Conflicts of interest at the FDA go further than pharma financial ties to agency staff and experts. At advisory committee meetings, where panels debate a drug’s potential approval, testimony from the public could also be skewed by conflicts.
A recent analysis found that 43% of 1,481 testimonies at adcomm meetings over a nine-year period came from speakers who disclosed a conflict of interest. And because the FDA only encourages conflict disclosures but doesn’t require them, the actual number could have been higher, according to the Mass General Brigham researchers.
Any financial support from a pharma company could be considered a conflict of interest, including fees for consulting or running independent trials. Reimbursement for travel and lodging accounted for more than a third of reported conflicts in a different study examining 10 years of testimonials at psychopharmacologic drug adcomms meetings.
While speakers at adcomms run the gamut from clinicians to public health advocates, almost half evaluated in the Mass General Brigham research were patients and caregivers. Although the study wasn’t designed to measure the impact of those testimonies on agency decisions, 82% overall supported an FDA nod, with speakers who reported a conflict 11% more likely to vouch for the drug.
“The voices of patients and advocates are vital, but to ensure more balanced input, the FDA should seek contributions from a broader range of perspectives,” lead author Leah Rand, a pharmacoepidemiology and pharmacoeconomics research scientist at Mass General Brigham, said in a statement about the study’s results last month.
FDA takes aim at advisory oversight
The FDA has prioritized tackling conflicts that have long been criticized, recently taking aim at the outside scientists serving on adcomms.
As part of its “radical transparency” push, the FDA in April began limiting pharma employees from becoming adcomm members or attending their meetings, except for rare circumstances when specific scientific expertise is scarce.
The agency has also hailed efforts addressing conflicts of interests as one of its chief achievements this year.
It’s unclear, however, if the FDA’s recent moves will make a meaningful dent in the challenge.
Company reps on adcomms are already non-voting members who typically offer background context on the drug. The FDA’s Modernization Act has also mandated industry involvement in newly formed adcomms since it was passed in 1997.
Some estimates of conflict throughout all U.S. health agencies may have also been overblown, according to some reports.

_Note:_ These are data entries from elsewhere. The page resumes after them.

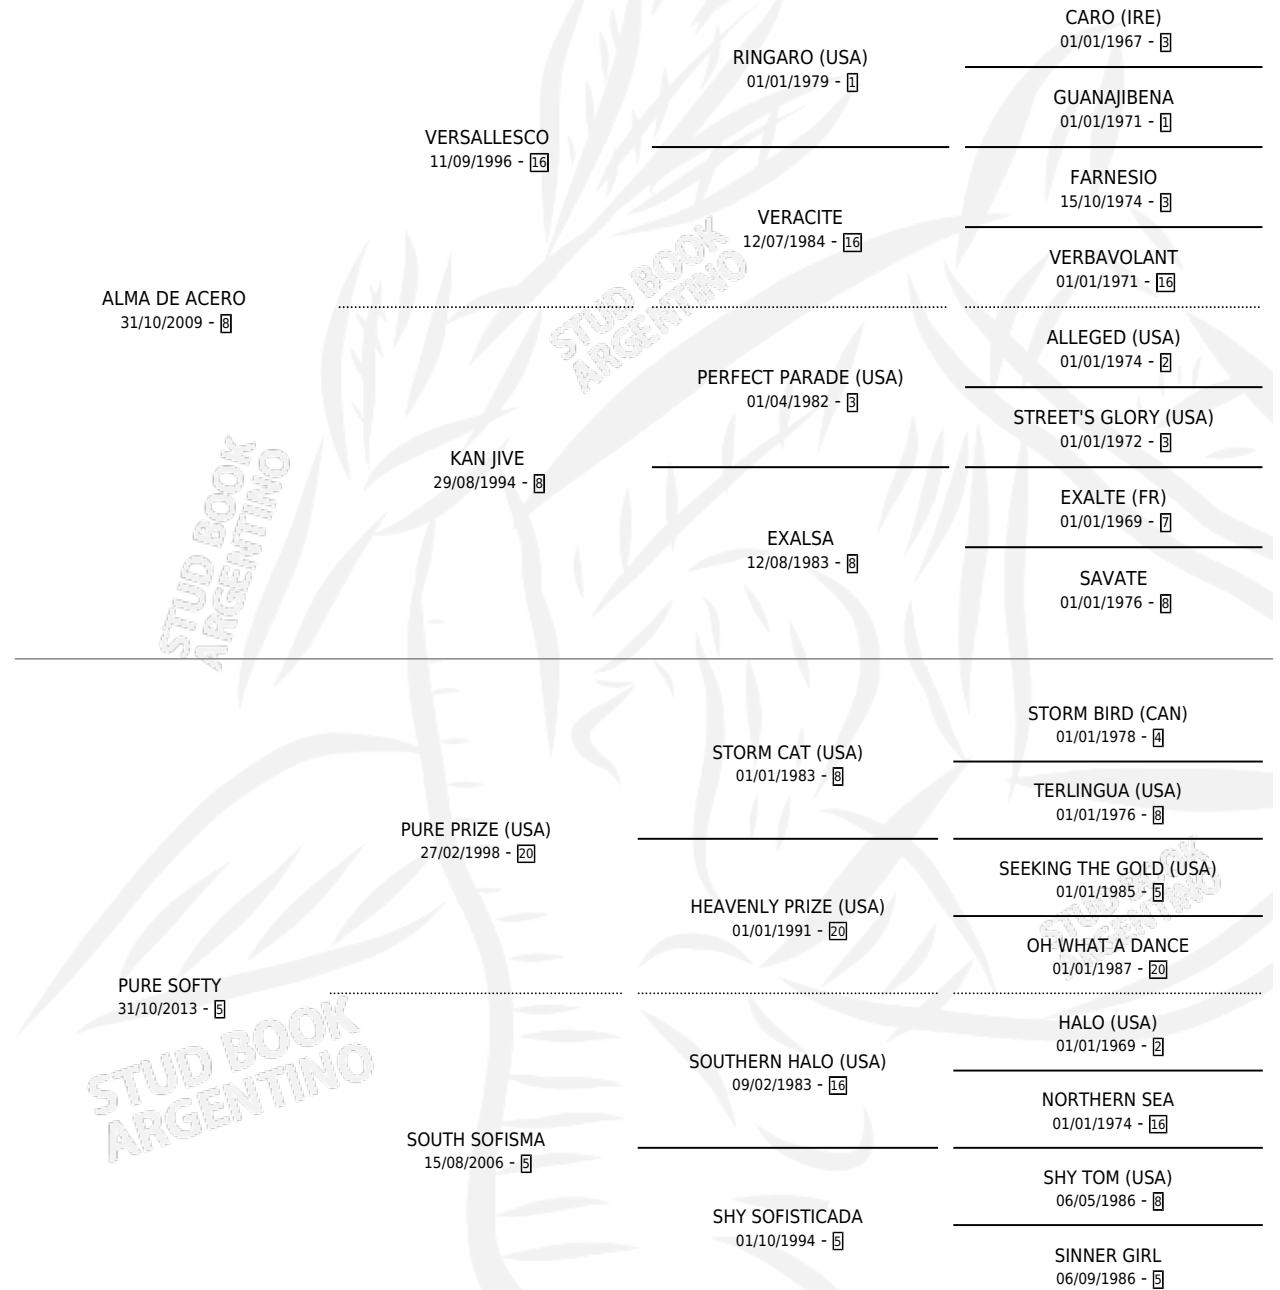

ALMA SOFISTICADA

por ALMA DE ACERO y PURE SOFTY por PURE PRIZE (USA)

Argentina · Hembra · Alazan · SP · 11/10/2017
Familia 5-g · Volumen 43

ESTADO

TIPIFICACIÓN SANGUÍNEA	X
TIPIFICACIÓN POR ADN	✓
PASAPORTE	✓
IDENTIFICACIÓN POR MICROCHIP	✓
REPRODUCTOR	X

Lugar de nacimiento: Campo particular
Criador: La Regina Dario Nicolas

PEDIGREE

CAMPAÑA

Solo carreras oficiales de Argentina

POR EDAD

EDAD	CC	1°	2°	3°	4°	5°	NP	CLC	CLG	CLCG1	CLGG1	IMPORTE	GANANCIA / CC
3 AÑOS	5	0	0	1	0	1	3	0	0	0	0	\$32,163	\$6,433
4 AÑOS	5	0	0	0	0	0	5	0	0	0	0	\$0	\$0
5 AÑOS	2	0	0	0	0	0	2	0	0	0	0	\$0	\$0
TOTALES	12	0	0	1	0	1	10	0	0	0	0	\$32,163	\$2,680
%		0.0%	0.0%	8.3%	0.0%	8.3%	83.3%	0.0%	0.0%	0.0%	0.0%		
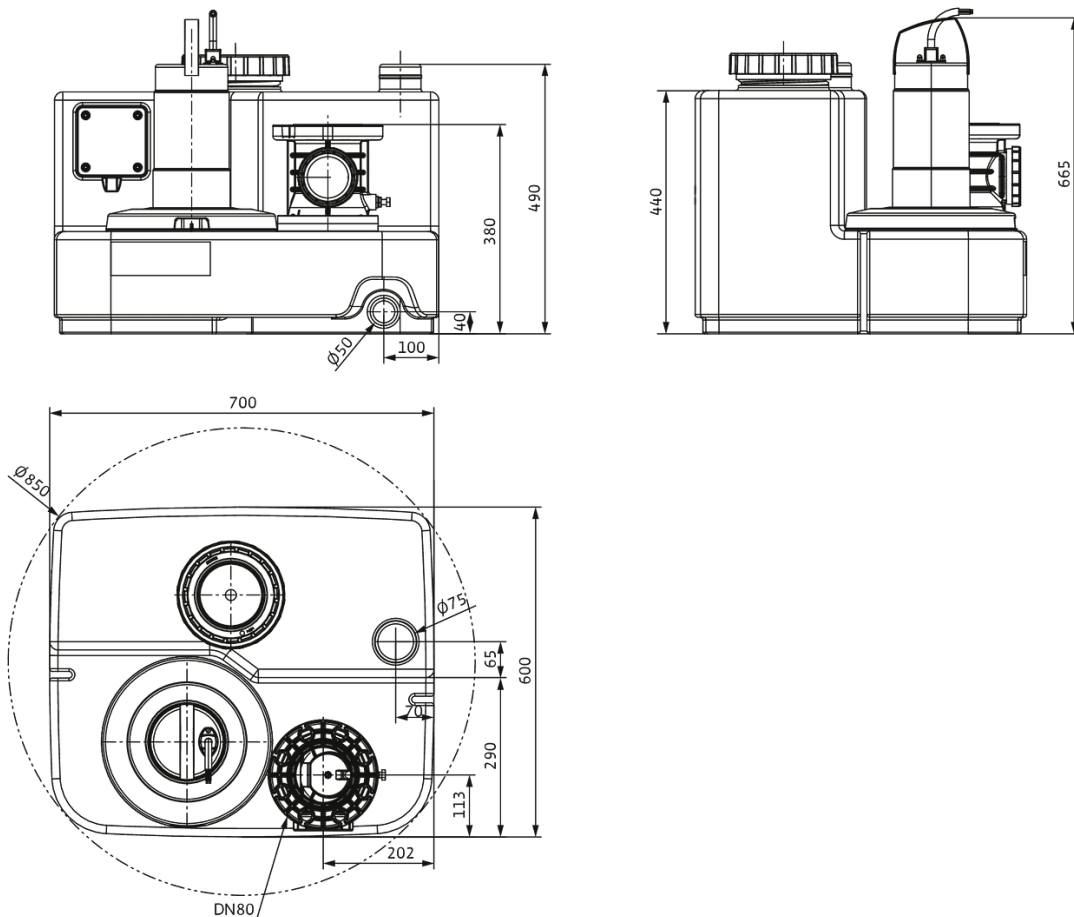

Монтажні розміри

Діагональний розмір	850 мм
Впускний патрубок	-
Під'єднання до трубопроводу з напірної сторони	DN 80
Під'єднання вентиляції	DN 75 (75 mm)
Під'єднання для дренажного трубопроводу	DN 50 (50 mm)

Характеристики

Розміри та креслення з розмірами

DrainLift SANI-M.12 .../M.16 .../M.21 ...

Before HHS Secretary Robert F. Kennedy Jr. ousted 17 members of the CDC’s Advisory Committee on Immunization Practices in June, he blasted the agency for its “weak enforcement” of rules meant to monitor conflicts of interests.
“Most of ACIP’s members have received substantial funding from pharmaceutical companies, including those marketing vaccines,” he wrote in a Wall Street Journal opinion piece.
But the rate of conflicts on ACIP actually plummeted from nearly 43% in 2000 to 5% in 2024, according to analysis published in JAMA a few months later. The same trend held true on the FDA’s Vaccines and Related Biological Products Advisory Committee, where conflicts dropped from 11% to zero, the research found.
Meanwhile, old conflict concerns are giving way to new ones among the incoming members of the FDA’s and CDC’s committees under Kennedy. The CDC hasm publicly disclosed just one conflict of interest for the members appointed to ACIP this year.
At FDA adcomms, some new panelists have been accused of purporting fringe scientific ideas while failing to comply with transparency rules, such as reporting conflicts and publishing details about predispositions to the given topic, according to the Associated Press.
The FDA has yet to report additional plans to address conflicts, but the Mass General Brigham researchers had advice for how it should handle the issue among public speakers at adcomm meetings, writing that the agency “should require disclosures from public speakers and could verify these against sources such as the Open Payments (for clinicians) or organizations’ tax filings.”